KU and UNC played an instant classic. Then the hometown kid took over. Here’s how
The last time North Carolina walked into Allen Fieldhouse, Larry Brown led the Tar Heels onto the floor as their point guard. Brown, mind you, is 84 now, a basketball Hall of Fame career as a coach sandwiched between that trip and his alma mater’s next one.
A rich history exists between the two programs that for decades did all they could to prevent that history from comprising actual games on a basketball court. When they finally opt for a regular season meeting Friday, Roy Williams, the former head coach at each school, deemed it too emotional to watch in person.
But while a November game in Lawrence began as a night reserved for history, it concluded as a night reserved for a newcomer to it all.
Well, a newcomer of sorts.
Zeko Mayo, a Lawrence native, came off the bench — there’s a key phrase — and led the top-ranked Jayhawks with 21 points in a 92-89 win over No. 9 UNC at Allen Fieldhouse.

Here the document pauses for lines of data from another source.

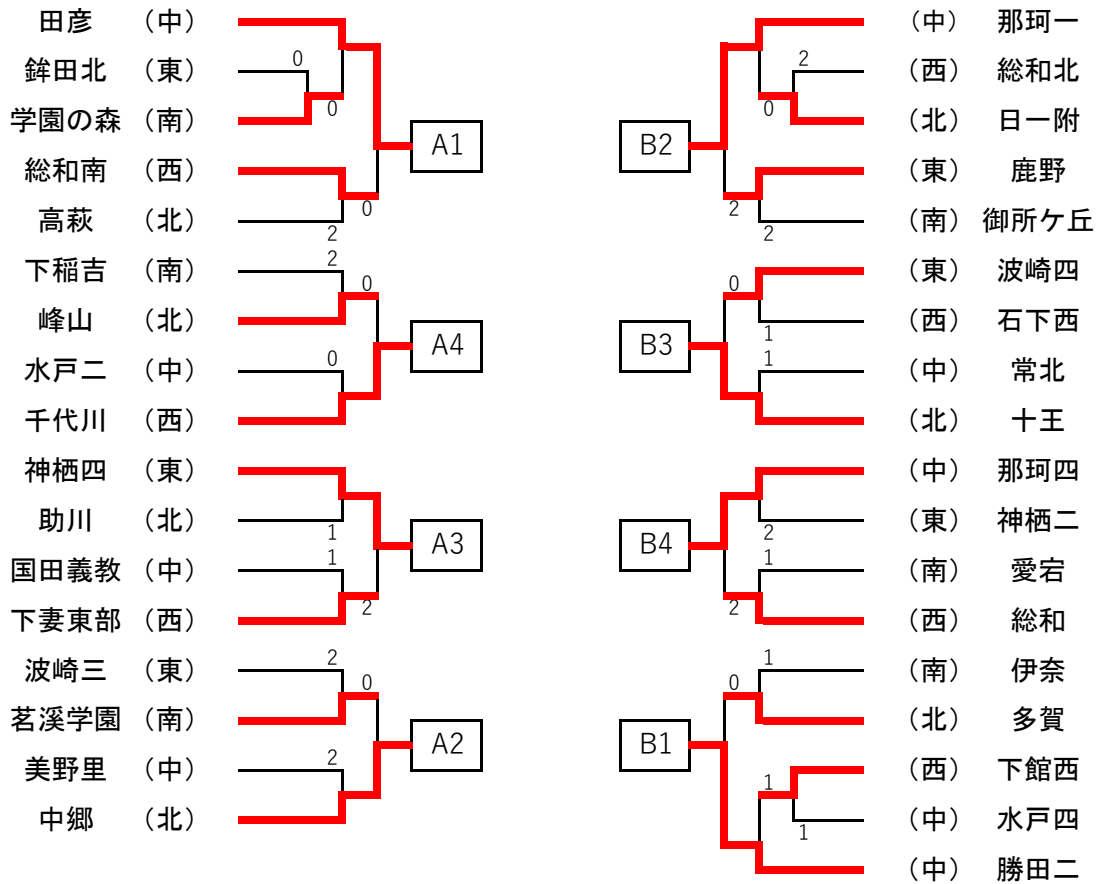

女子団体戦

準決勝リーグA

		田彦	中郷	神栖四	千代川	ポイント	順位
A1	田彦	-	○3-2	○3-2	○3-0	6	1
A2	中郷	×2-3	-	○3-0	○3-1	5	2
A3	神栖四	×2-3	×0-3	-	○3-2	4	3
A4	千代川	×0-3	×1-3	×2-3	-	3	4

準決勝リーグB

		勝田二	那珂一	十王	那珂四	ポイント	順位
B1	勝田二	-	○3-2	○3-1	○3-0	6	1
B2	那珂一	×2-3	-	○3-2	○3-2	5	2
B3	十王	×1-3	×2-3	-	○3-0	4	3
B4	那珂四	×0-3	×2-3	×0-3	-	3	4

①:A1-A4 ②:A2-A3 ③:①勝-②負 ④:②勝-①負 ⑤⑥:残りの試合

①:B1-B4 ②:B2-B3 ③:①勝-②負 ④:②勝-①負 ⑤⑥:残りの試合

決勝

A 1位	田彦	3 - 0	B 1位	勝田二
------	----	-------	------	-----

3位代表決定戦①

A 2位	中郷	2 - 3	B 2位	那珂一
------	----	-------	------	-----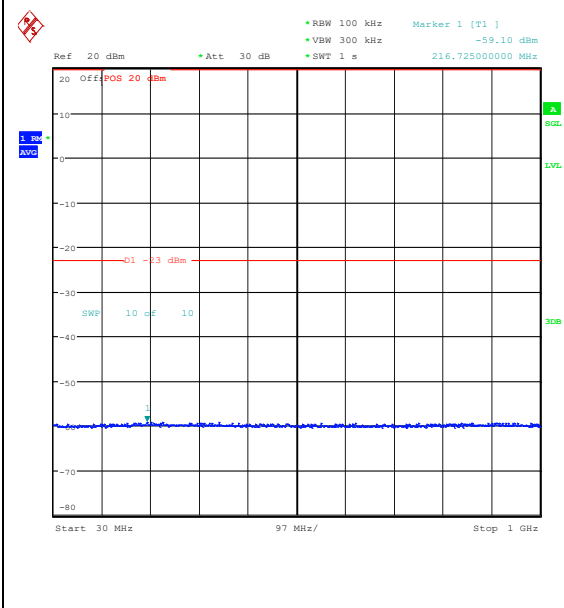

Band25_15MHz_QPSK_26115_75RB#0_30~100_0_30~1000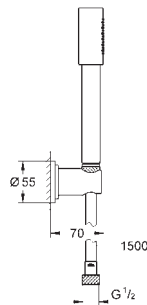

26 465 000 cromo 129,00
26 465 DC0 supersteel 180,60
26 465 BE0 Polished nickel (Niquel brillo) 206,40
26 465 EN0 Brushed Nickel (Niquel cepillado) 219,30

26 465 GL0 Cool sunrise (Oro brillo) 206,40
26 465 GN0 Brushed Cool Sunrise (Oro cepillado) 219,30

26 465 DA0 Warm sunset (Cobre brillo) 206,40
26 465 DL0 Brushed warm sunset (Cobre cepillado) 219,30

26 465 A00 Hard graphite (Grafito brillo) 206,40
26 465 AL0 Brushed hard graphite (Grafito cepillado) 219,30

Sena Stick
Teleducha 1 chorro
Chorro Normal
Material: metal
Limitador de caudal GROHE EcoJoy 6.6 l / min
GROHE DreamSpray distribución perfecta del agua por todo el cabezal
GROHE StarLight acabado cromado
Sistema antical **SpeedClean**
Conducto interno del agua protegido para mayor durabilidad
Sistema de montaje universal, adaptable a todos los flexos estándares

● BE ● GL ● DA ● A0
● EN ● GN ● DL ● AL

28 348 000 cromo 222,00

Sena
Conjunto de ducha con soporte de pared 1 chorro
Material: metal
Compuesto por:
Teleducha Sena (28 034 000)
Soporte mural (28 690)
Flexo «Relexaflex» de 1,5 m.
G 1/2" x 1/2" (28 151 000)
GROHE DreamSpray distribución perfecta del agua por todo el cabezal
GROHE StarLight acabado cromado
Sistema antical **SpeedClean**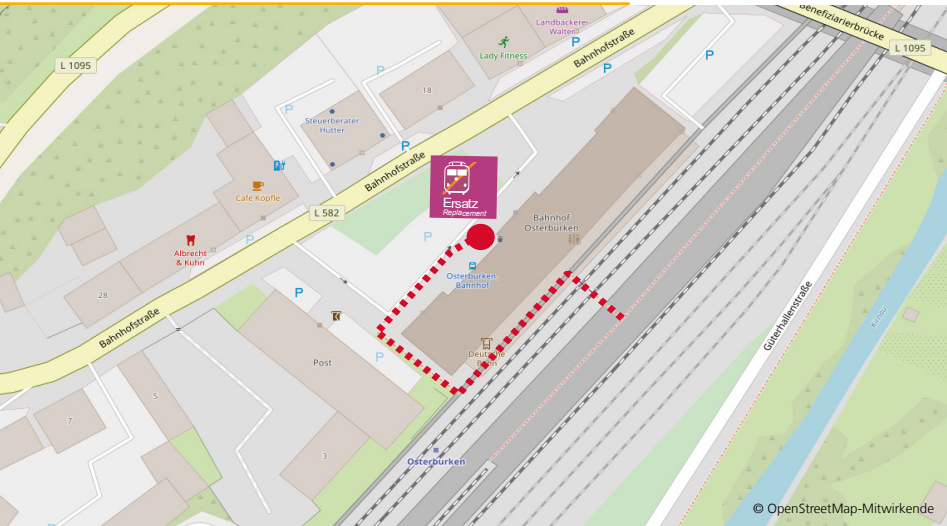

Osterburken Bahnhof

Adelsheim Baron-Carl-Straße & Untere Austraße

Sennfeld Rathausplatz

Lageplan der SEV-Ersatzhaltestelle für Roigheim:

Roigheim Abzweigung Bahnhof

Möckmühl Bahnhof

Züttlingen Neuenstädter Straße

Züttlingen L1096

Neudenu Mitte

Herbolzheim Mitte

Untergriesheim Bahnhof

Bad Friedrichshall Busbahnhof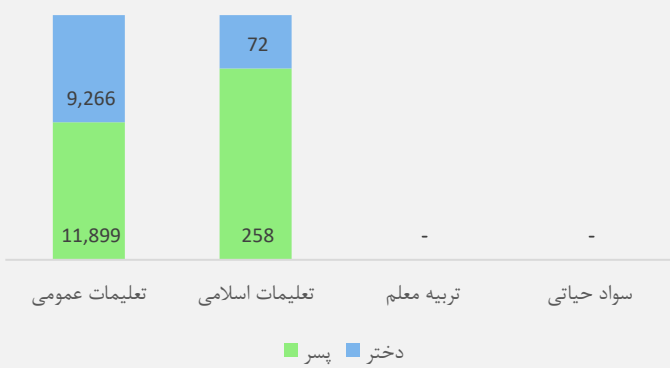

شاگردان جدیدالشمول بر اساس برنامه و جنسیت سال 1400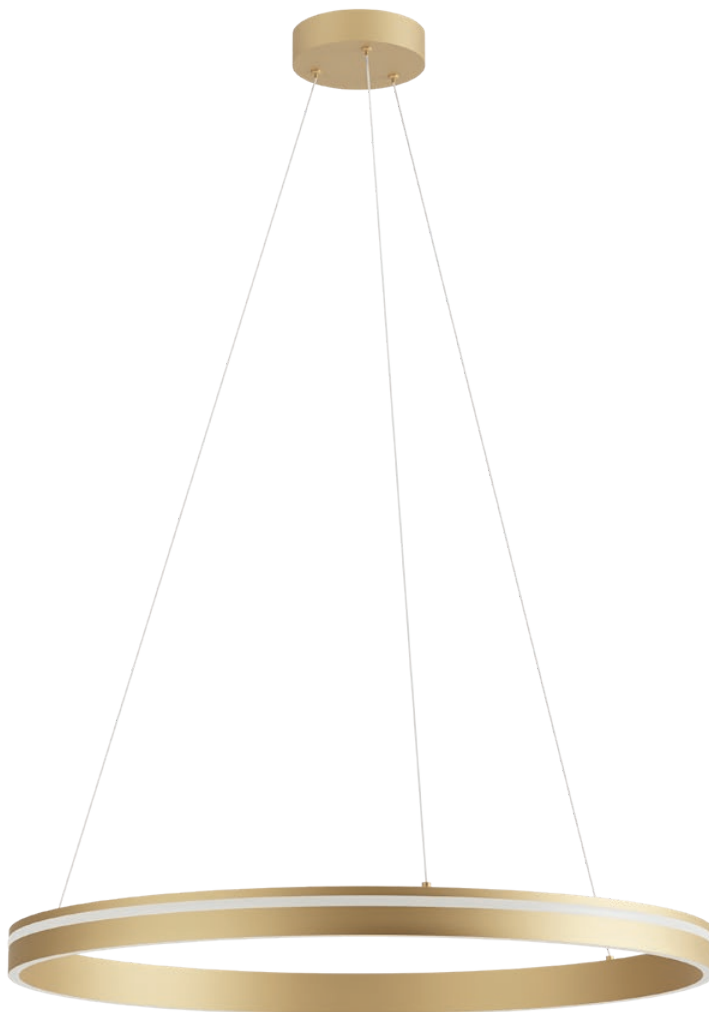

52

01-3774 Sand White

01-3775 Matt Gold

01-3776 Sand Black

SMD LED · 38W · CCT 3000K/4000K · CRI 80

LED flux: 4444 lm

Luminaire flux: white 2109 lm/gold 2030 lm/black 1956 lm

01-3780 Sand White

01-3781 Matt Gold

01-3782 Sand Black

SMD LED · 57W · CCT 3000K/4000K · CRI 80

LED flux: 6917 lm

Luminaire flux: white 3107 lm/gold 2895 lm/black 2610 lm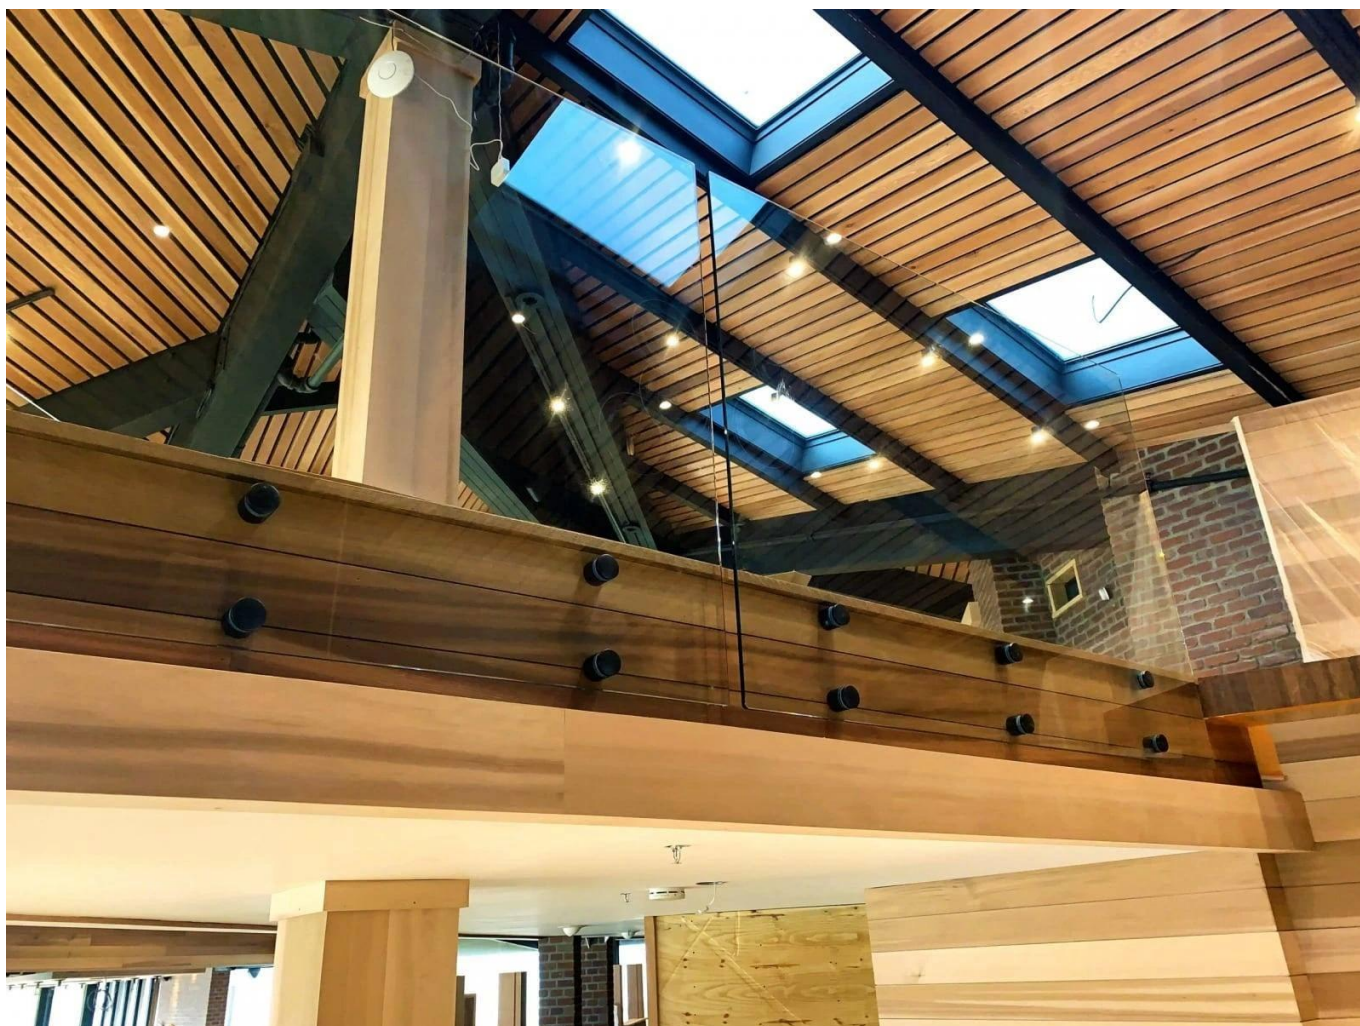

Kehyksetön lasilevy ruostumattomasta teräksestä valmistetut lasiset budater

Tekniset tiedot:

Ruostumaton teräslasi standoff-muotoilu on erittäin suosittu kehyksetön lasin kaiteet portaikkoon ja parvekkeen kaiteisiin. Se on erittäin helppo asentaa ja voit nauttia näkymä vapaasti.

Ruostumaton teräslasi standoff wpuuruuviAsennetaan puinen substraattiin:

Ruostumattomasta teräksestä valmistettu lasisontausta musta mattavärinen:

Ruostumattomasta teräksestä valmistettu lasipaketti:

Stainless Steel Glass Standoff-kaideprojekti: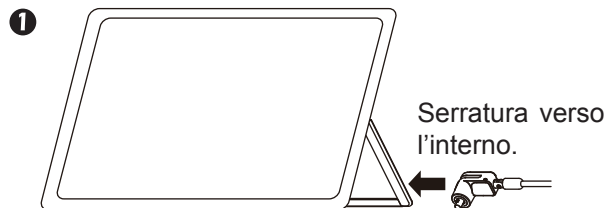

XPADLOCK200MS – Manuale Utente

Surface Pro Security Lock

Cavo di Sicurezza 200 cm per
Microsoft Surface Pro

Avvolgere il cavo attorno ad un oggetto inamovibile.

Posizione di installazione del lucchetto.

Hamlet
hamletcom.com

Bloccare il Cavo

Inserire il cavo nel
profilo del supporto.

Premere il pulsante per
bloccare il lucchetto.

Sbloccare il Cavo

XPADLOCK200MS – User Manual

Surface Pro Security Lock

Security Cable for Microsoft Surface Pro
200 cm

Loop the cable around a secure object.

Installation location.

Hamlet
hamletcom.com

How to Lock

Insert the lock cable into support edge.

Press the button to lock.

How to Unlock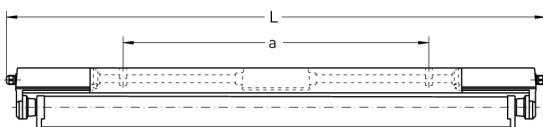

HEIDELBERG, SRR RAUMSTRAHLER PC KLAR

HEIDELBERG mit Schutzrohr-Reflektor Raumstrahler aus PC klar (bruchsicher), induktiv; T8/18W

Schlagfeste Feuchtraumleuchte für Zone 2 und Zone 22, weiß, 1-lampig, schwedensicher Korrosionsfest, säure- und laugenbeständig, Schutzklasse II, Schutzart IP 66 Durchgehender kantiger Leuchtenkörper Gehäuse mit Klappdeckelverschluss und angepressten Schraubbringfassungen, kurzes Dichtungssystem, einschließlich schwenkbarem Schutzrohr-Reflektor aus Polycarbonat mit innenliegendem Hochglanzspiegel Für Einzel- und Lichtbandanordnung Anschlußfertig mit verlustarmem Vorschaltgerät mit Thermosicherung 230 V, 50 Hz und von außen zugänglichem Sicherungsstarter Ein-Mann-Montage durch 2 Kunststoff-Bügelschellen - variabler Befestigungsabstand
Durchgangsverdrahtung 4 x 1,5 mm², 2 Kabelverschraubungen M 20 stirnseitig

Bestellnummer: 510 210

MASSE

Länge (mm)	Breite (mm)	Höhe (mm)	a-Mass (mm)
694	105	145	217

LIGHT OUTPUT RATIO

LOR (%)
80.05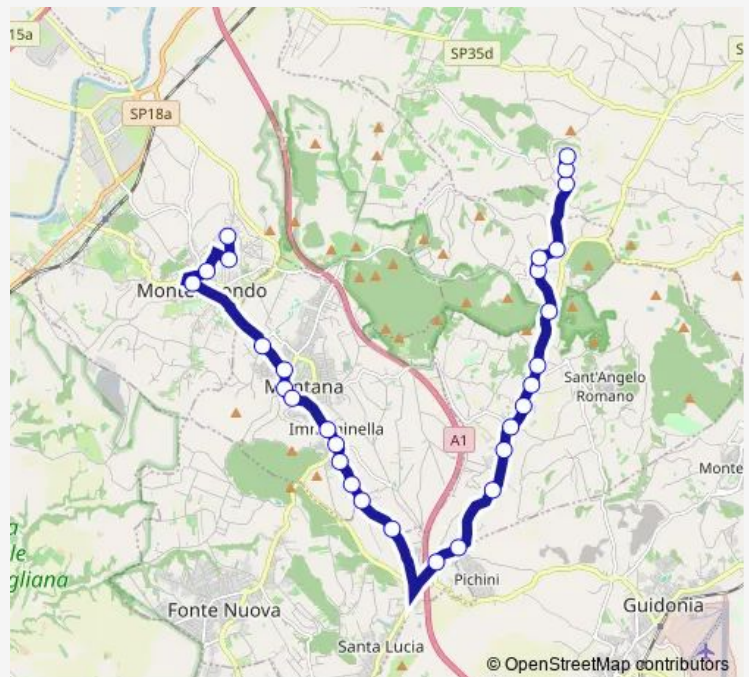

Mentana | Via Molette Via Monte Soldato # f13943

Mentana | Via Molette Via Ulivi # f13944

Sant'Angelo | Ponte delle Tavole # f13980

Sant'Angelo | Pichini # f13981

Sant'Angelo | Via Palombarese Via Genzana # f13982

Sant'Angelo | Via Palombarese Via Da Vinci # f13983

Sant'Angelo | Via Palombarese Via Fonte Lettiga # f13984

Sant'Angelo | Osteria Nuova # f13985

Route schedule

Monterotondo | Via Unione (Stadio) | Liceo Scientifico G.Peano # f13923 — Palombara | Cretone # f14012

Monday	—
Tuesday	—
Wednesday	—
Thursday	—
Friday	—
Saturday	06:45
Sunday	—

Route info

Direction: Monterotondo | Via Unione (Stadio) | Liceo Scientifico G.Peano # f13923

Stops: 29

Trip Duration: 0 hour 35 min

Kansas and North Carolina played a heck of a basketball game — during which you had to remind yourself it’s November because it sure didn’t feel like it. They alternated lights-out halves that found them locked in a tie with a minute and a half to play.
Then Mayo took over.
And he only took one shot.
His contested jumper tied the game with 1:45. Probably should’ve gotten a whistle for a free throw.
After KU got a defensive stop, Mayo stepped on the baseline to deliver an inbound pass. As he did, senior K.J. Adams tapped one hand on each temple, universal sign language with an obvious meaning: Be smart.
Self had been publicly worried that this year’s newcomers — and there are a lot of them, including Mayo — are still pausing to think about what to do rather than playing on instincts and reactions. They’ll eventually get there, he noted.
Mayo is there.
And with the game on the line, at that.
The game-tying shot came first. But on the next offensive possession, 90 seconds left on the clock, Self turned to one of his longtime staples and dialed up a touch in the post for 7-footer Hunter Dickinson.
In its ideal form, the play allows Dickinson to seal a defender in the middle of the floor and receive the entry. He shouldn’t even need to make a move after the catch to find the bucket — the pass does the heavy lifting.
Thing is, though, UNC figured it was coming, because KU runs that sort of action a lot. So the Tar Heels put 6-10 Jalen Washington on Dickinson as guard Seth Trimble pressured the entry pass from Mayo. If there was a lane for the pass, it literally could not have been visible to him.
He threw it anyway — so perfectly, in fact, that Self returned to him one possession later to offer another entry pass to Dickinson. He got a bucket on the first, a free throw on the second.
Ballgame, KU.
“They did a really good job of crowding him,” Self said of the defense. “Somehow he got the ball over to (Dickinson).”’
He played on instincts and reactions.
Forget the pause for thinking.
They were grown-up last-minute moments for a guy playing in his second game for the school he grew up watching.
Mayo graduated from Lawrence High School. His first game at Allen Fieldhouse came Monday. He scored 19 in a blowout against Howard.
His encore was even better — from the jump. KU scored 53 points before halftime, and Mayo squeezed eight of them into a three-minute stretch in the first half. Even the heat check fell.
The legs failed his shooting form late, a sign of exhaustion, and that’s a product of UNC running KU up and down the floor. The Jayhawks won’t play another team quite like that.
But KU didn’t have a player anything like Mayo a year ago. Self knew it. He spent the spring operating as a general manager, in search of two things: shooting and bench scoring.
He found both in one player from down the block.
At one point Friday, former KU sharp-shooting guard Devonte’ Graham, sitting in the crowd, gathered the attention of current point guard Dajuan Harris.
“Tell Zeke to keep shooting,” Graham said, as Harris recalled.
That message came from behind the bench.
Mayo came directly from it.
Who knows what role Mayo will play in January, February or March — we’re all of two games into this season, after all, and he doesn’t look like a player destined to spend much time sitting.
But that he filled this role in a top-10 matchup is noteworthy for a team that had no one capable of filling it a year ago.
KU generated just 11.8 points per game from its bench last season. That ranked 349th of 362 Division I men’s college basketball teams. Mayo had 21 himself Friday.
At one point in the first half, Self left Adams as the lone starter on the floor. Mayo took charge then, same as he did late — with the starters back.
“We don’t have a chance to win without him,” Self said.
That they have him now is a bit of kismet.
Mayo attended high school just one mile from Allen Fieldhouse, but he needed to travel to South Dakota to find the Jayhawks. He spent three seasons at South Dakota State, scoring 18-plus per game in the final two before entering the transfer portal in March.
His season was done. A frustrating season for KU was already done too.
“This,” he said after the game Friday, “is what I came here for.”
You could re-phrase that, because the inverse is perhaps even more accurate: This is why they brought him here.